Numerical Examples of Bias in Estimates of Screening Test Utilization
To illustrate the bias arising from imperfect ascertainment of screening-test utilization we introduce the following notation. Let Y represent the true classification of the test with Y = 1 indicating a screening test and Y = 0 indicating a diagnostic test. We assume that Y is unobserved in EHR data but that a proxy is available, denoted Y★. For instance, in the case of colonoscopy, procedure codes do not distinguish colonoscopy performed for screening versus colonoscopy performed to evaluate signs or symptoms (i.e., a diagnostic exam). However, by applying existing algorithms to administrative data it is possible to obtain a predicted probability of screening indication that can then be dichotomized to yield an indicator that the examination was a screening test. In this example, Y★ represents this dichotomized predicted probability. The operating characteristics of Y★ are the sensitivity, Se = P(Y★=1|Y=1), and specificity, Sp= P(Y★=0|Y=0). In studying utilization of cancer screening tests, our objective is to estimate the proportion of the population receiving a screening test, P(Y=1). If we use instead P(Y★=1) as a measure of screening utilization, the difference, P(Y★=1) – P(Y=1), is the bias in our EHR-derived estimate. We can express this bias as a function of the sensitivity and specificity of Y★, P(Y★=1) − P(Y=1) = Se ′ P(Y=1) + (1−Sp) ′ (1−P(Y=1)) −P(Y=1). It can be easily seen that for a test with perfect operating characteristics (sensitivity and specificity equal to 1), P(Y★=1) will be unbiased.
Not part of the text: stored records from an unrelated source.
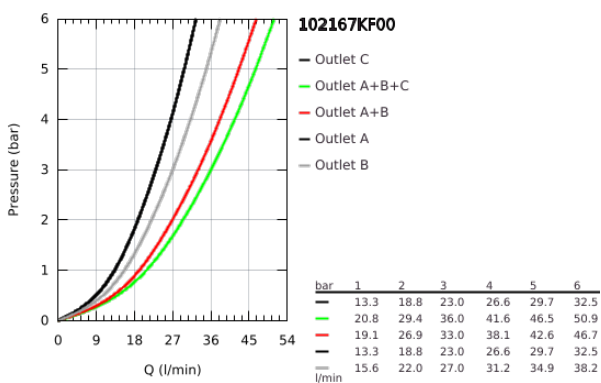

10 216 7KF 00 GROHTHERM SMARTCONTROL THERMOSTAT FOR CONCEALED INSTALLATION WITH 3 VALVES

PRODUKTA APRAKSTS

- Krāsa: phantom black
- trim set for GROHE Rapido SmartBox 35 600/35 604
- metal wall escutcheon with GROHE FastFixation (covered escutcheon and shaft sealing, covered fixing), retroactively 6° adjustable
- GROHE SmartControl - control the shower with intuitive push/turn button
- exchangeable symbols
- GROHE TurboStat - compact cartridge with wax thermoelement
- GROHE ProGrip - with knurl structure
- GROHE SafeStop - safety button at 38°C
- GROHE SafeStop Plus - optional temperature limiter at 43°C or 46°C included
- built-in non return valves and dirt strainers
- multiple outlets can be run simultaneously
- without roughing-in set 35 600/35 604 (please order separately)
- flow performance: outlet A = 23 l/min outlet B = 27 l/min outlet C = 23 l/min outlet A + B = 33 l/min outlet A + B + C = 36 l/min

10 216 7KF 00 GROHTHERM SMARTCONTROL THERMOSTAT FOR CONCEALED INSTALLATION WITH 3 VALVES

REZERVES DAĻAS, februāris 2023 – tagad

- 1: Mounting plate (Rezerves daļas Nr. 48362000)
- 2: Temperature control handle (Rezerves daļas Nr. 49029KF0)
- 2.1: Cover cap (Rezerves daļas Nr. 101503KF0)
- 2.2: handle adaptor (Rezerves daļas Nr. 1015059990)
- 3: Escutcheon (Rezerves daļas Nr. 49042KF0)
- 4: Push button (Rezerves daļas Nr. 48361KF0)
- 4.1: pushbutton (Rezerves daļas Nr. 140772430)
- 5: Cartridge (Rezerves daļas Nr. 48359000)
- 5.1: Spindle (Rezerves daļas Nr. 49088000)
- 6: Thermostatic compact cartridge 3/4" (Rezerves daļas Nr. 49028000)
- 7: Non-return valves (Rezerves daļas Nr. 47979000)
- 8: Seal (Rezerves daļas Nr. 48360000)
- 9: Socket spanner (Rezerves daļas Nr. 49059000)*
- 10: GROHE TurboStat cartridge 3/4" (Rezerves daļas Nr. 49003000)*
- 11: Service stops (Rezerves daļas Nr. 1405300M)*
- 12: Universal extension set single-lever mixers, 25 mm (Rezerves daļas Nr. 14048000)*
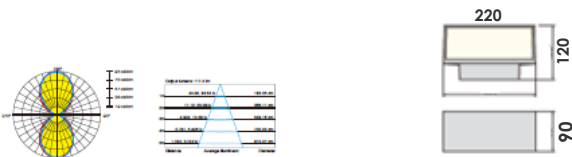

18LED,S

**B-03LED-B 9W-LED
SMD 100V-240V-
600Lm**

INY.ALUMINIO
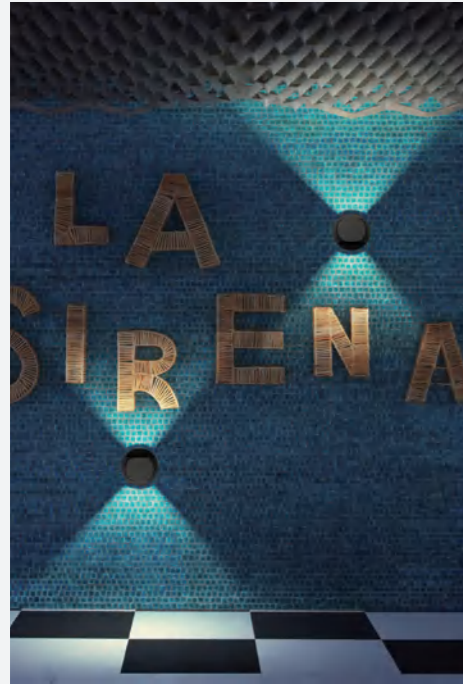

LED Surface Mounted Luminaire

Rainstorm

● 541077 7W 3000K

■ Aluminum

IP 54 CRI 80
AC220-240V 30,000h

LED Surface Mounted Luminaire
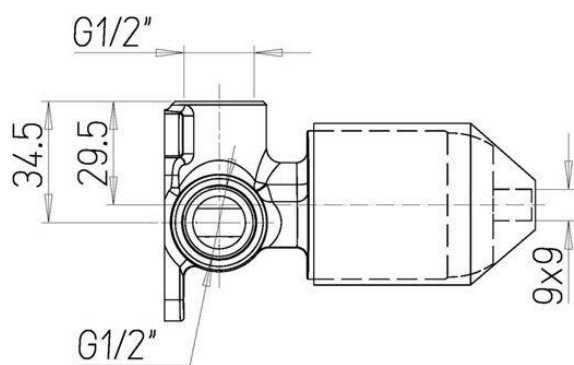

#### FEATURES

Plate	round
Cartridge	ceramic
Cartridge dimension	35 mm
Water outlet	G 1/2"
Water inlet	G 1/2"
Kit	complete with external plate and built-in

disponibile nei seguenti colori:

#### SPARE PARTS

##### VR10699

Mixing cartridge - D35 mm. - H 59 mm. - square 9x9 mm.
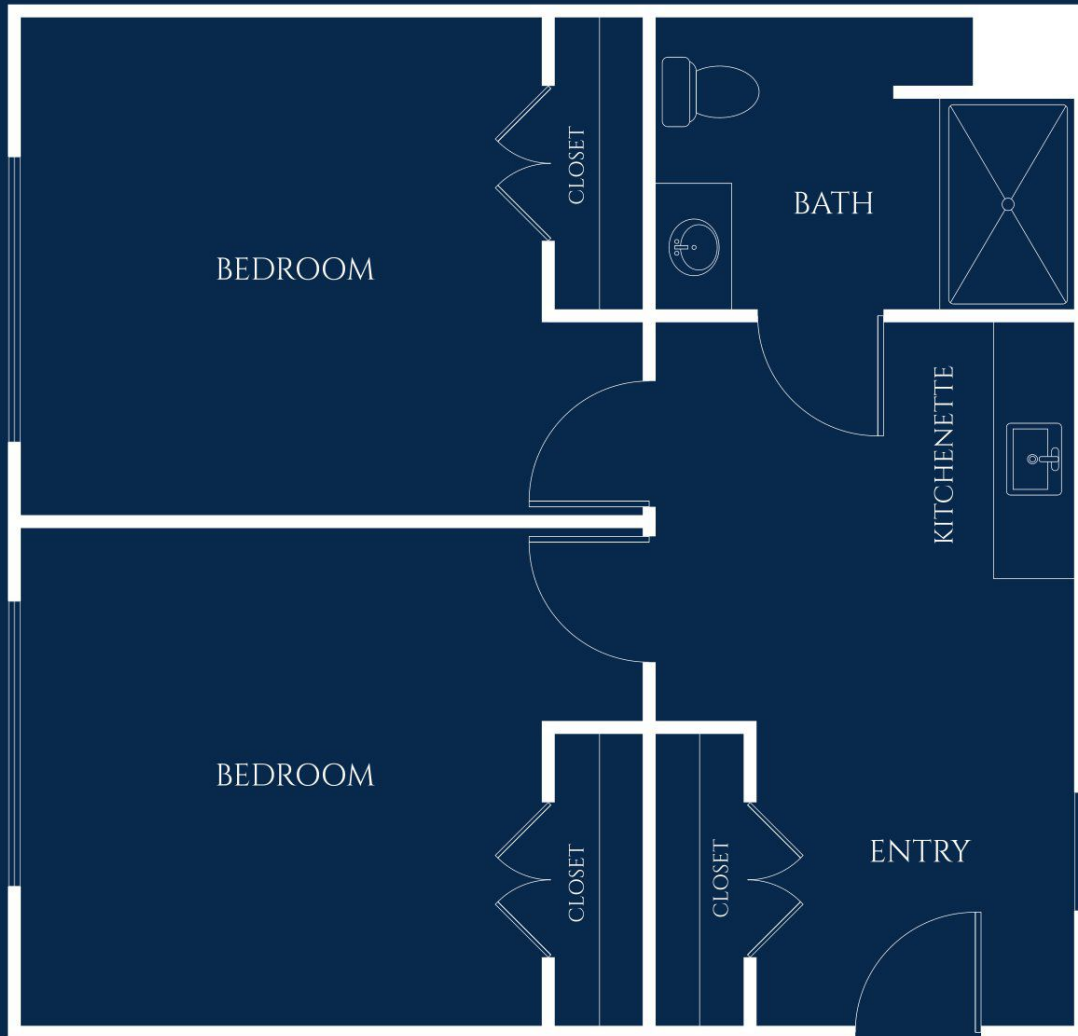

Olive

EVERGREEN MEMORY CARE

COMPANION SUITE

STARTING AT 531 SQ. FT.

Floor plan style and size may vary.

IVY PARK
at Seal Beach

The relative impact of sensitivity and specificity on bias will depend on P(Y = 1), which is unknown in practical applications.In Table 1, we illustrate the bias in estimates of screening-colonoscopy utilization when using three different algorithms for identifying screening examinations. Previously, self-report data have been used to estimate screening-colonoscopy utilization.14,15 However, EHR data offer the opportunity to evaluate utilization in a broad population without the bias inherent in self-report. Motivated by estimates of lower endoscopy utilization,15 we assume that the true proportion of individuals who have been screened with colonoscopy in the past 10 years is 58.5 percent. In this setting, bias in screening-colonoscopy utilization ranges from underestimation by 5.7 percentage points to overestimation by 11.6 percentage points.
Table 1.
Estimated Screening Utilization Rates and Bias in Estimated Rates
Sensitivity (%)
Specificity (%)
Estimated Screening Rate (%)
Bias
Colonoscopy utilization, Fisher
90
58
70.1
11.6
Colonoscopy utilization, El-Serag
70.1
71.6
52.8
−5.7
Colonoscopy utilization, Adams
88.5
90.5
55.7
−2.8
Notes: Estimated screening utilization rates and bias in estimated rates relative to a true screening rate of 58.5% using alternative approaches to identifying screening and diagnostic colonoscopies using EHR data.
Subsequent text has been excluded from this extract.